Как уже случалось во времена диссидентства, в период перестройки наибольшее распространение в стране получали не демократические, а националистические течения. В России наблюдался не только рост национализма, но и его разветвление на различные направления. Общество «Память», первым устроившее в 1987 году публичную демонстрацию на улицах Москвы, также раскололось. Ельцин согласился встретиться с его представителями[523]. Более умеренные вышли из «Памяти» и влились в другие организации, а сама «Память» осталась в руках наиболее шовинистических, нередко антисемитских элементов. Впрочем, разнородность националистов рано или поздно толкала все основные силы, борющиеся за влияние на судьбы перестройки, к тому, чтобы искать среди них свой возможный резерв. Не все, как мы увидим, преуспели в этом. Растущая сила русского национализма уже сама по себе стимулировала соперничающих националистов, что не мешало тому, чтобы между всеми ними обнаружились точки соприкосновения.
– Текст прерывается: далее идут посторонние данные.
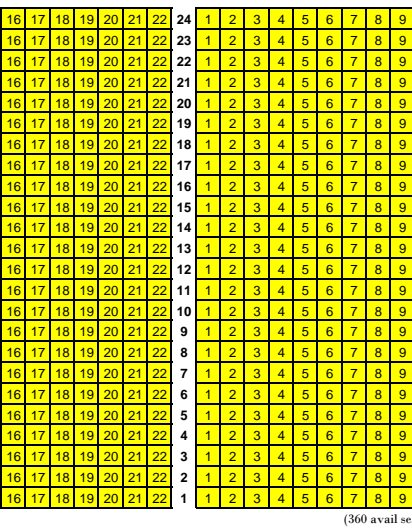

EMBARCADERO SEATING CHART - STADIUM CONFIGURATION

- GRANDSTAND
- STADIUM II
- STADIUM I
- CHAMPAGNE II
- CHAMPAGNE I
- NOT FOR SALE

GRANDSTAND SECTION

SECTION C

SECTION D

SECTION E

SECTION F

SECTION B
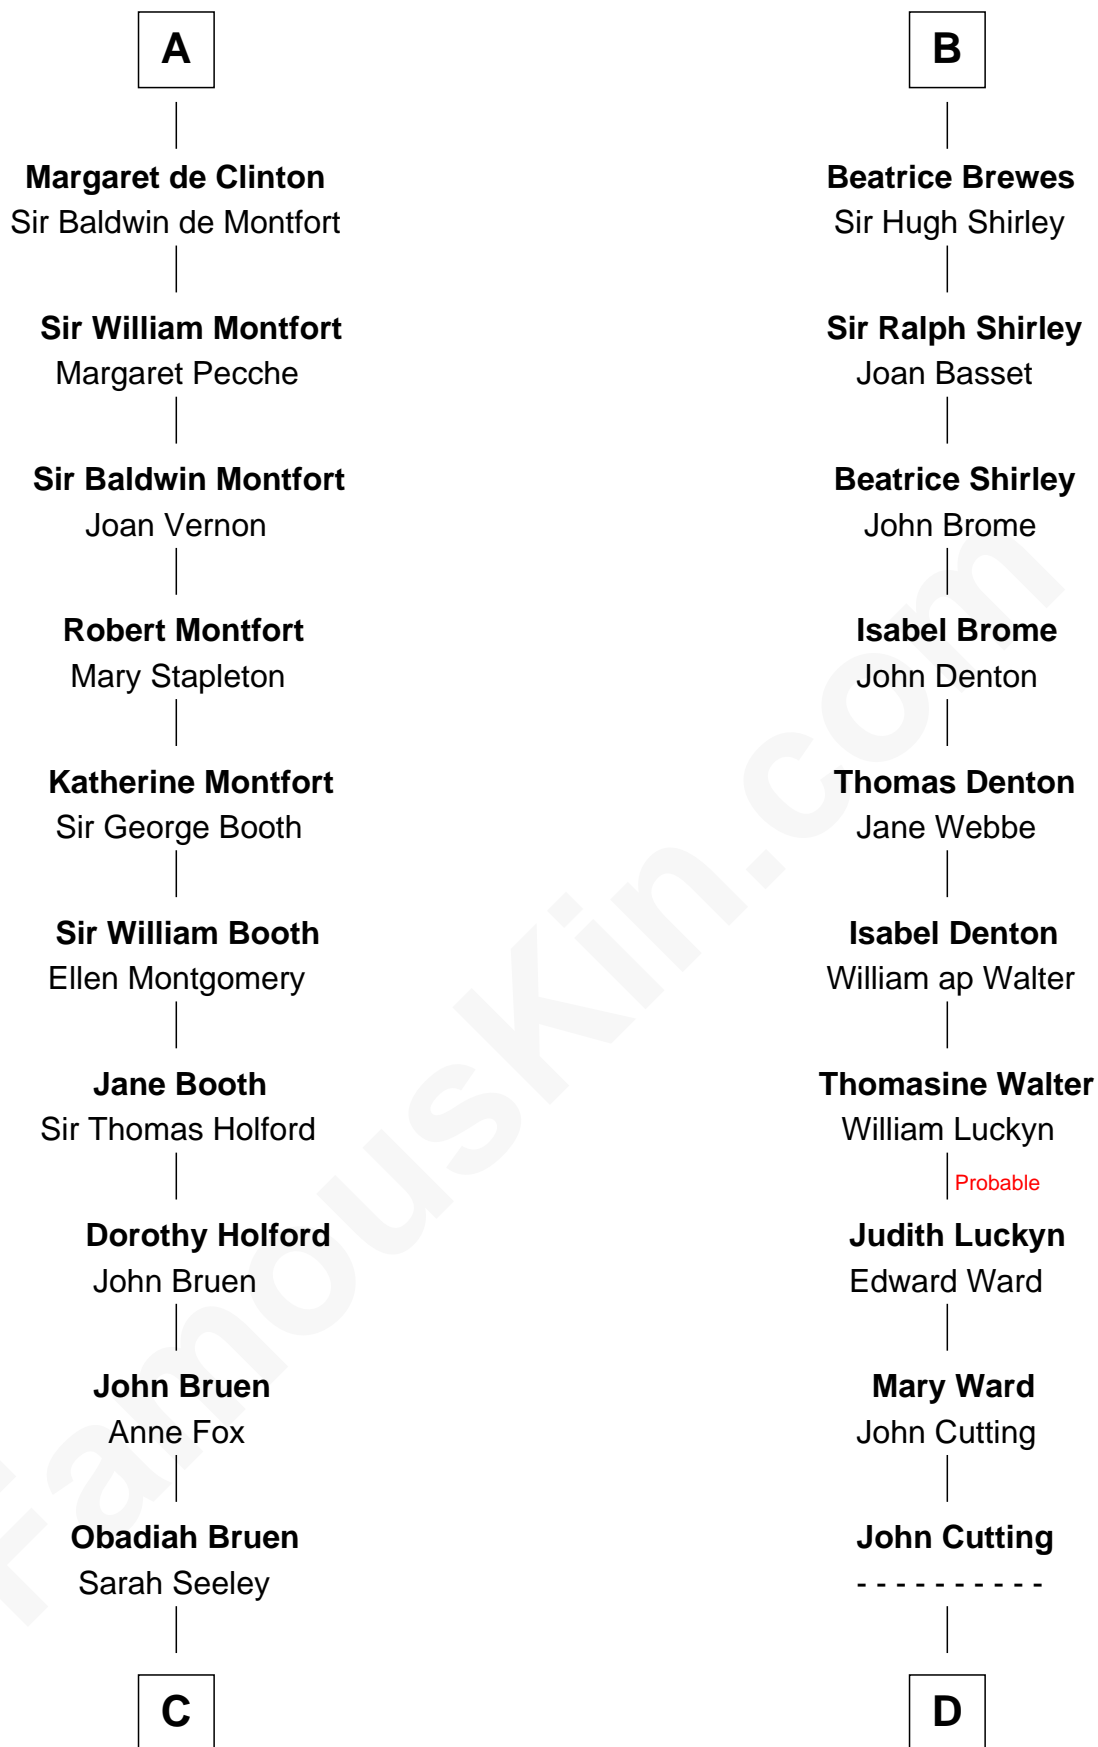

FamousKin.com Relationship Chart of

Abraham Baldwin

Signer of the U.S. Constitution

21st cousin of

Nathan Hale

America's First Spy

Robert Fitzrichard

Maud de St. Liz

C

Mary Bruen
John Baldwin

Abigail Baldwin
Samuel Baldwin

Timothy Baldwin
Bathsheba Stone

Michael Baldwin
Lucy Dudley

Abraham Baldwin
Signer of the U.S. Constitution

D

Mary Cutting
Samuel Moody

John Moody
Hannah Dole

Apphia Moody
Samuel Hale

Richard Hale
Elizabeth Strong

Nathan Hale
America's First Spy

Если с одной стороны умножались межэтнические противоречия и повсеместно — в России не меньше, чем где бы то ни было, — развивались политические течения, пусть даже и враждующие между собой, то все они были заняты сознательным, при объективном совпадении намерений, разрушением Союза, его центрального правительства, его интернационалистской идеологии. В России, как и в любой другой республике, все, кто не хотел перестройки, и все, кто хотел чего-то иного, те, кто хотел уничтожения советской системы, и те, кто хотел сохранения ее в брежневском варианте, — все грызлись между собой, но все видели врага в Союзе ССР, в его руководстве, которое, собственно, и начало перестройку.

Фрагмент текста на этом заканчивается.